La magicienne avait lu dans le regard de son ami qu'elle l'avait, dans une vie révolue, trahi. C'était un sentiment amer entre la honte et la colère.

— J'ai été pendu sur cette place, avoua enfin le jeune homme. J'ai été pendu pour avoir été complice du vol de la mandoline. J'ai rêvé de ça quand on a dormi chez Chosef hier soir.

Justinien commençait à mettre les pièces du puzzle dans le bon ordre, il n'était pas loin de tout comprendre toutefois il se garda de partager sa théorie. Il attendit d'en savoir un peu plus avant et surtout il préféra aider ses deux compagnons à ouvrir leur cœur.

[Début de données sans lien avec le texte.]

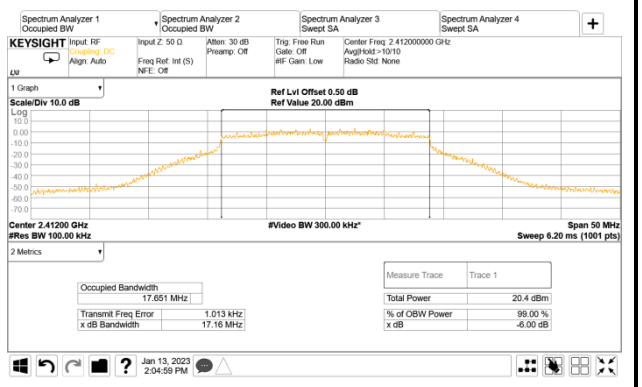

A.3.2 Measurement Plots

- DTS (6dB) Bandwidth

802.11g

AUX

Main

802.11n-HT20

AUX

Main
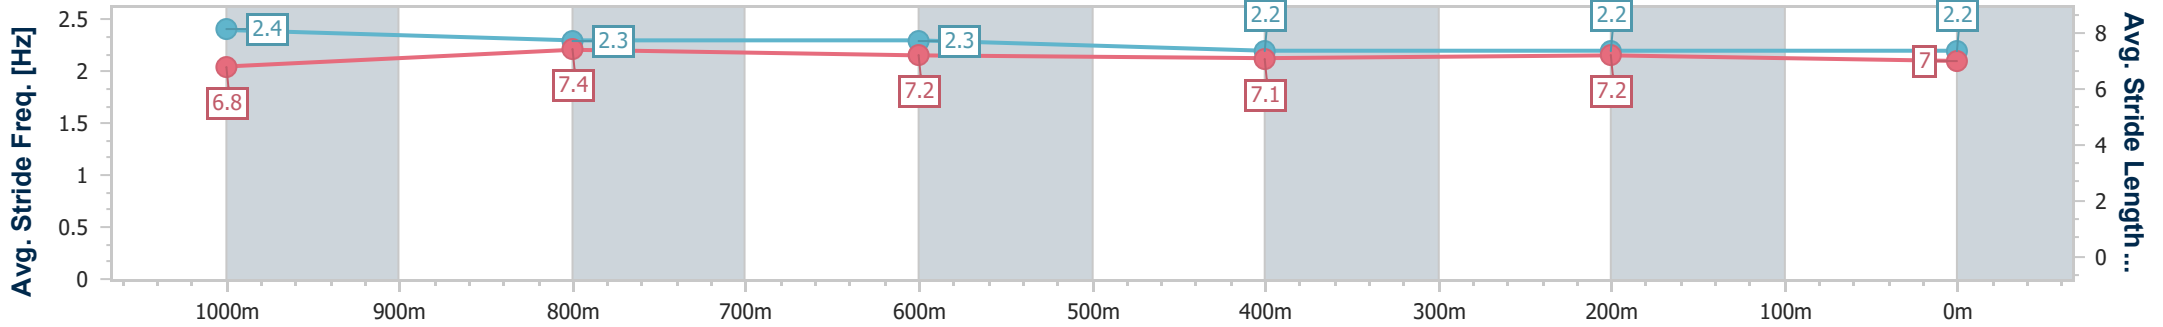

Horse/Jockey Name	First Peoples
Final Rank	3
Fastest Section Time (Section)	0:11.31 (1000m)
Top Speed [km/h] (Section)	66.7 (Overall)
Race State	Finished

Toowoomba QLD Professional
Race 1: TTC MEMBER - DON LOOMIS BENCHMARK 62
Handicap - 1200m
12 August 2023 - 17:21

Track Rating: Good 4, Weather: Fine, Rail Position: +5m Entire

Section	Overall	1000m	800m	600m	400m	200m
Section Times	1:13.68 [3] (0:13.79)	0:59.89 [1] (0:11.31)	0:48.58 [1] (0:11.51)	0:37.07 [1] (0:11.87)	0:25.20 [1] (0:12.34)	0:12.86 [2] (0:12.86)
Average Speed [km/h]	52.2	64.0	62.8	60.5	58.2	55.9
Top Speed [km/h]	66.7	65.9	63.0	62.1	59.2	57.5
Avg. Dist. to Rail [m]	5.5	1.3	0.7	0.4	0.7	0.8
Avg. Stride Freq. [Hz]	2.4	2.3	2.3	2.2	2.2	2.2
Avg. Stride Length [m]	6.8	7.4	7.2	7.1	7.2	7.0

- [ ] Ranking at each section and finish
- -.-.- No data available at this section
- NA No data available
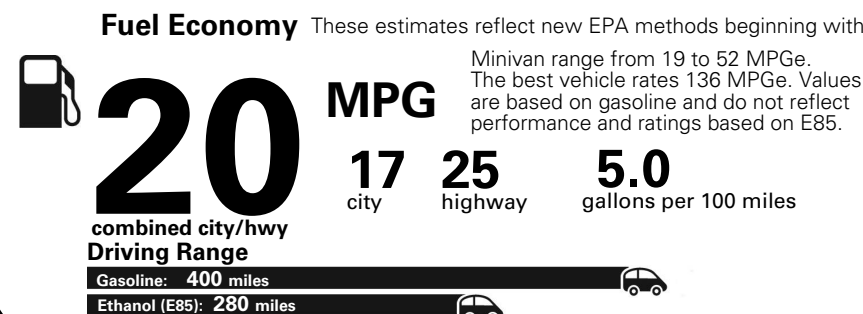

Base Price: \$26,650

DODGE GRAND CARAVAN SE
Exterior Color: Granite Pearl-Coat Exterior Paint
Interior Color: Black Light Graystone Interior Colors
Interior: Cloth Low-Back Bucket Seats
Engine: 3.6-Liter V6 24-Valve VVT Engine
Transmission: 6-Speed Automatic 62TE Transmission

For more information visit: www.dodge.com
 or call 1-800-4ADODGE

FCA US LLC

Fuel Economy and Environment

**Flexible Fuel Vehicle
 Gasoline-Ethanol (E85)**

**You spend
 \$2,500
 in fuel costs
 over 5 years
 compared to the
 average new vehicle.**
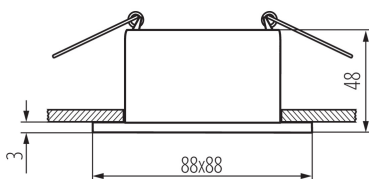

36216 GLOZO DSL G/B

Ring for spotlight fittings

5905339362162

Ø75 mm

Kanlux GLOZO is a large family of decorative rings. They have a modular housing: a base in two shapes and colors and a reflector in 4 colors in mat or mirror finish. It gives us a lot of possibilities to arrange the combination of the same or different color solutions.

GENERAL DATA:

Colour: gold / black

Place of assembly: Recessed mount in the ceiling

Place of application: Indoors

Minimum distance from the illuminated object: 0,5m

Decorative ring without a ceramic frame: yes

The product is not suitable to be covered with a heat-insulating material: yes

Length [mm]: 88

Width [mm]: 88

Height [mm]: 48

Assembly hole [mm]: Ø75

TECHNICAL DATA:

Rated voltage [V]: 12 AC; 12 DC; 220-240 AC

Maximum power [W]: max 10

Class of protection against electric shock: II/III

Light source: MR16/PAR16

Light source included: no

Cap: Gx5,3/GU10

Ambient temperature range to which the product can be exposed: 5÷25

Enclosure material: aluminum alloy

Lighting-fixture angle regulation: none

IP class: 20

LOGISTIC DATA:

Packaging method: 1

— Mes amis, amorça-t-il. C'était il y a longtemps. Rappelez-vous plutôt les liens que vous tissez aujourd'hui. Nous sommes un groupe soudé, et il est important de le rester pour affronter demain.

— C'est vrai ! appuya Merle. Regardez Ruben.

— Moi ?

— Oui, il y a une semaine de ça, ce n'était qu'un sale voleur et un meurtrier sanguinaire. On sait qu'il a eu de mauvaises fréquentations, mais maintenant il est devenu bon grâce à notre compagnie et à nos sages conseils. C'est notre ami, et tant pis pour son passé, il est déjà pardonné à nos yeux.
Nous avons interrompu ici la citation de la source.